Tuesday, November 5, 2013

ORA-04030 incident file and alert.log

In the last two Blogs, we talked about how to measure PL/SQL package PGA memory usage and different ways to reclaim unused memory:
      dbms_session package_memory_utilization
      Oracle PL/SQL Collection Memory Reclaim

In this Blog we will discuss its diagnostics.

ORA-04030 incident file


ORA-04030 is threw when PGA memory allocation is over certain limit.

16 GB in Rel 11.2.0.3.0


Quite often ORA-04030 is threw when PGA consumption reaches 16 GB, and the generated incident file contains following text:

   Dump of Real-Free Memory Allocator Heap [0x1108c1090]
   mag=0xfefe0001 flg=0x5000003 fds=0x0 blksz=65536
   blkdstbl=0x1108c10a0, iniblk=252928 maxblk=262144 numsegs=255
   In-use num=252073 siz=3639541760, Freeable num=0 siz=0, Free num=0 siz=0


The 16GB limit seems deduced by:
      262144(maxblk) * 65536(blksz) = 16GB
where blksz is controlled by DB hidden parameters (MOS [1506315.1], [1328489.1]):
  _use_realfree_heap=TRUE
  _realfree_heap_pagesize_hint = 65536


and both can be queried by:

col name format a30
col cur_val format a20


select i.ksppinm name, v.ksppstvl cur_val, v.ksppstdf default_val, v.ksppstvf
from x$ksppi i, x$ksppcv v
where i.indx = v.indx
  and i.ksppinm in ('_realfree_heap_pagesize_hint', '_use_realfree_heap');


For blksz=65536, in Blog: PGA, SGA memory usage watching from UNIX, we have also observed that majority of page (segment) is allocated in a unit of 64KB on both AIX and Solaris for high PGA sessions.
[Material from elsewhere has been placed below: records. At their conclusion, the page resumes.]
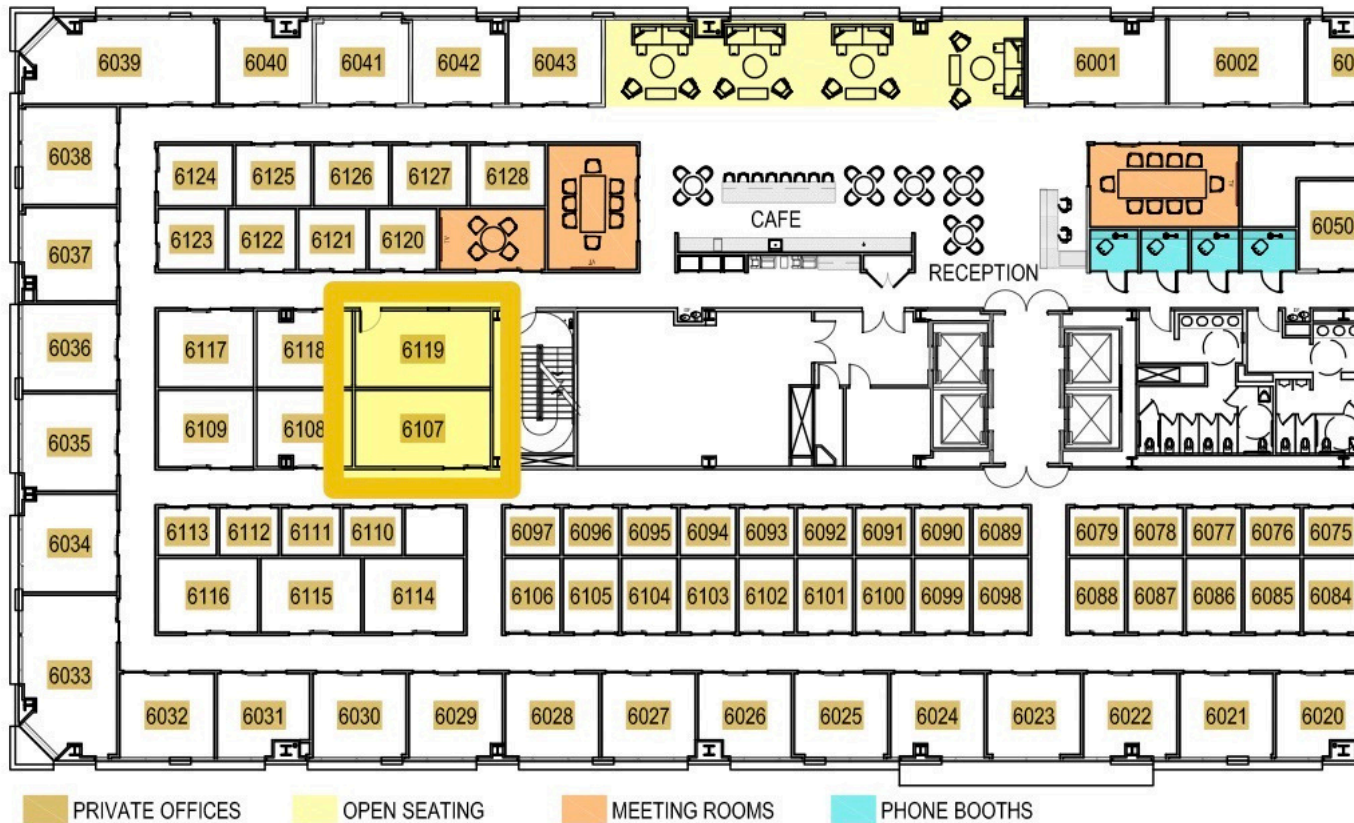

ENTERPRISE SUITE

3031 N. ROCKY POINT DRIVE W. SUITE 600 | TAMPA, FL 33602

DETAILS

- \$11,000 per Month (12 months)
 - 24 Desks
 - Furnished
 - Sit / Stand Adjustable Desk
 - Ergonomic Chair
 - Conference Room Monthly Credits
 - 10 hours (\$940 credits)
 - All Amenities Included
-

PRIVATE OFFICES

#6119 & #6107

DETAILS

- \$6,900 per Month (12 months)
- 12 Desks
- 2 Private Offices
 - Office #6119
 - Office #6107
- Furnished
 - Sit / Stand Adjustable Desk
 - Ergonomic Chair
- Conference Room Monthly Credits
 - 10 hours (\$940 credits)
- All Amenities Included

PRIVATE OFFICE #6006

3031 N. ROCKY POINT DRIVE W. SUITE 600 | TAMPA, FL 33602

DETAILS

- \$4,800 per Month (12 months)
- 6 Desks
- 1 Private Office
 - Office #6006
- Exterior Window
- Furnished
 - Sit / Stand Adjustable Desk
 - Ergonomic Chair
- Conference Room Monthly Credits
 - 5 hours (\$470 credits)
- All Amenities Included

In the above example, the real allocated memory is:
     252073 (In-use num) * 65536(blksz) = 16'519'856'128 Bytes
but only siz=3,639,541,760 is reported. This is probably due to the 32 Bit Integer Overflow (maximum 4GB, as observed in Blog: dbms_session package_memory_utilization) in the process dumping.

Adding 3*4GB Overflow, the effective memory allocated should be:
   3*(4*1024*1024*1024) + 3639541760 = 16,524,443,648 (16GB)

16GB is upper limit. Sometimes a session exits by ORA-04030 with only 11GB memory as follows:
   Dump of Real-Free Memory Allocator Heap [0x1008b1080]
   mag=0xbefe0001 flg=0x5000003 fds=0x6 blksz=65536
   blkdstbl=0xffffffff7d700010, iniblk=183298 maxblk=262144 numsegs=226
   In-use num=178538 siz=3115057154, Freeable num=0 siz=0, Free num=1 siz=54726560     

  
   178538*65536 = 11,700,666,368 (11GB)
   2*(4*1024*1024*1024) + 3115057154 = 11,704,991,746 (11GB)


In such case, it could probably indicate memory capped on the UNIX layer or virtual space limitation.

Usually ORA-04030 only triggers single session exit. Occasionally ORA-04030 can cause entire DB crash when PSP (PSP0) background process is affected. This is probably due to either certain threshold on the number of ORA-04030 errors, or memory shortage which PSP and other Oracle mandatory background processes ask for.

32 GB in Rel 11.2.0.4.0


It seems that Oracle increased the limit to 32 GB in Rel 11.2.0.4.0, as ORA-04030 dumps showed:
  Dump of Real-Free Memory Allocator Heap [0xfffffd7ffdbad000]
  mag=0xfefe0001 flg=0x5000003 fds=0x6 blksz=65536
  blkdstbl=0xfffffd7ffdbad010, iniblk=523264 maxblk=524288 numsegs=321
  In-use num=522322 siz=4176347136, Freeable num=0 siz=0, Free num=0 siz=0

where maxblk is doubled from 262144 to 524288.

4 GB and max_map_count


However if "In-use num" in the incident file shows a number far less than maxblk, it could be due to some UNIX settings. For example, Linux vm.max_map_count, limits the VM memory map table for the process.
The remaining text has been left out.